▶ **PROBLEM DESCRIPTION**
Exactly reproduce all the records, keeping pictures out of the copy.

++++++++

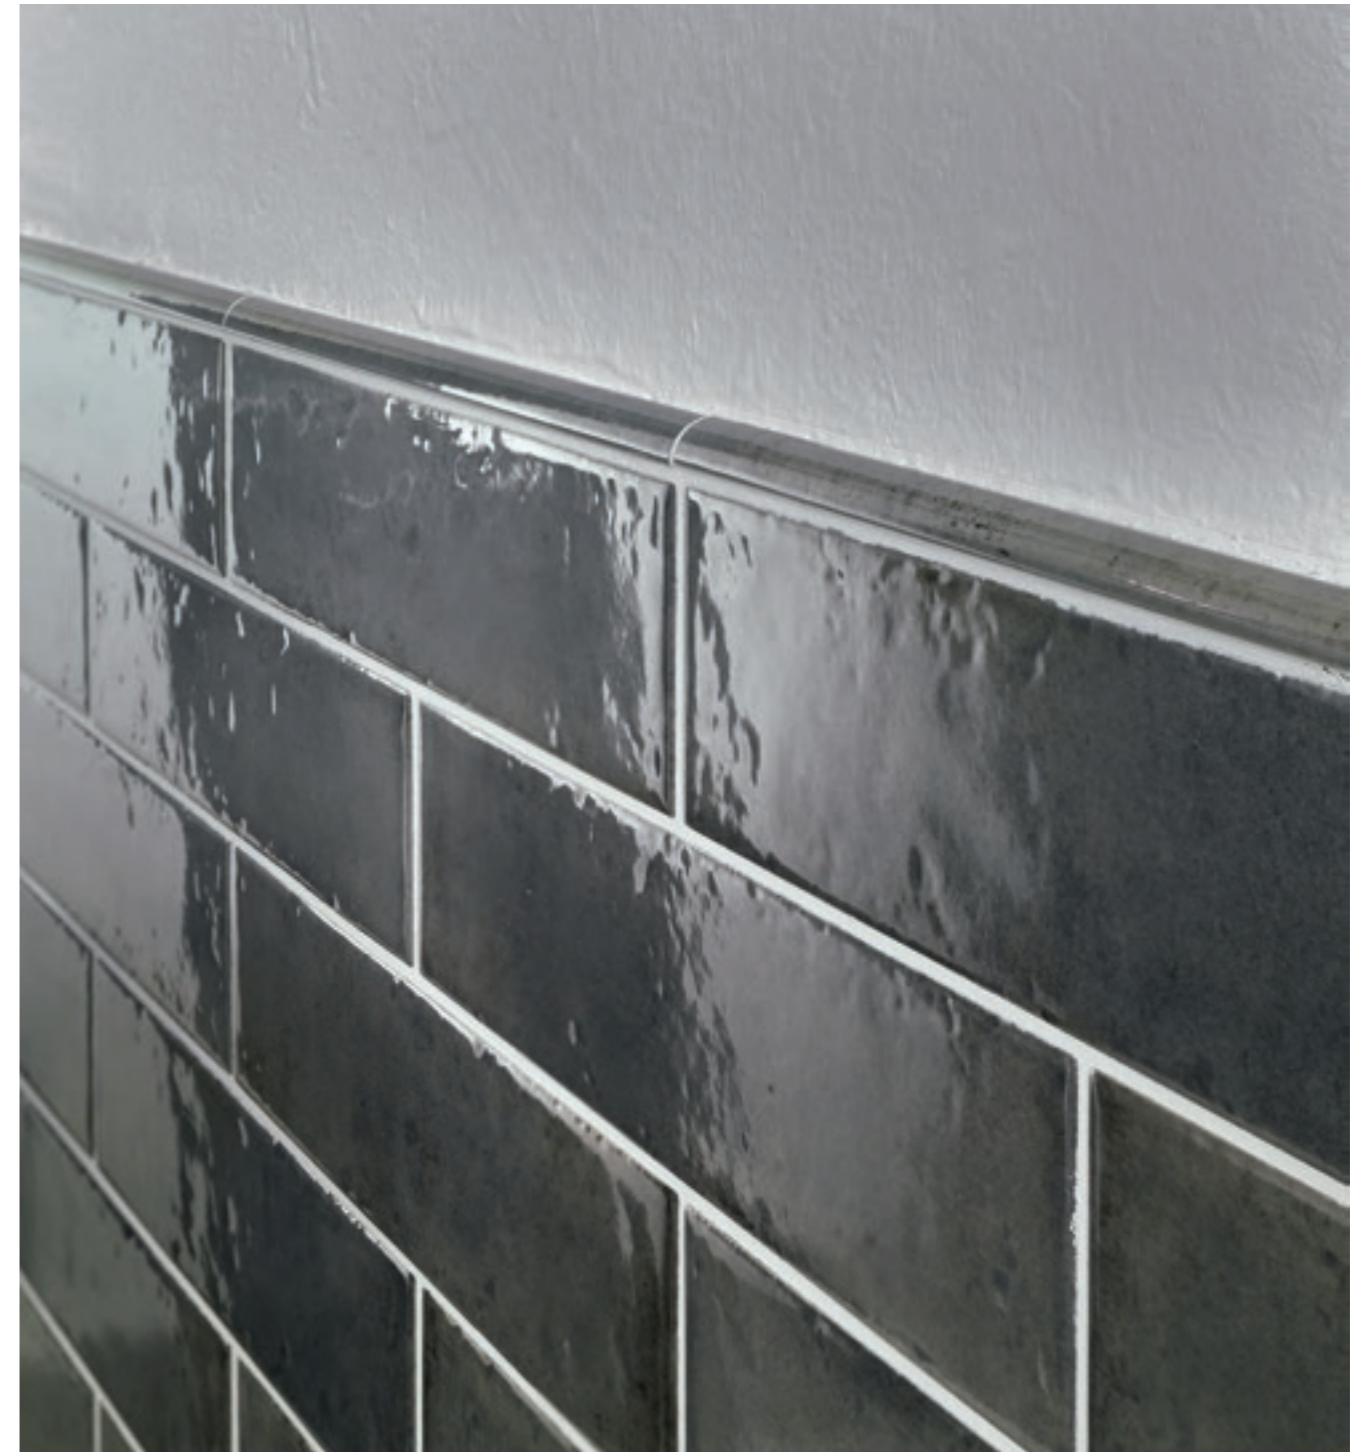

> Wall / Grey 7,5x30  
Quarter Round Grey 1,2x30
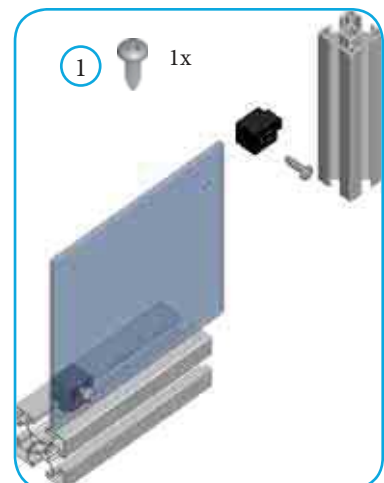

6g

Code

12066

Assembly components - sold separately

Code

1

Self tapping screw 5,5x19

36

11036

Naziv
Description

Nosilec polnila
Block for panels

Blocco per pannelli
Variofix - Block

Descrizione
Beschreibung

PA6

Block for panels

7g

Code

12067

Assembly components - sold separately

Code

1

Self tapping screw 5,5x19

36

11036

++++++++

▶ **RESPONSE TO THIS EXERCISE**
> Wall / Grey 7,5x30  
Quarter Round Grey 1,2x30

6g

Code

12066

Assembly components - sold separately

Code

1

Self tapping screw 5,5x19

36

11036

Naziv
Description

Nosilec polnila
Block for panels

Blocco per pannelli
Variofix - Block

Descrizione
Beschreibung

PA6

Block for panels

7g

Code

12067

Assembly components - sold separately

Code

1

Self tapping screw 5,5x19

36

11036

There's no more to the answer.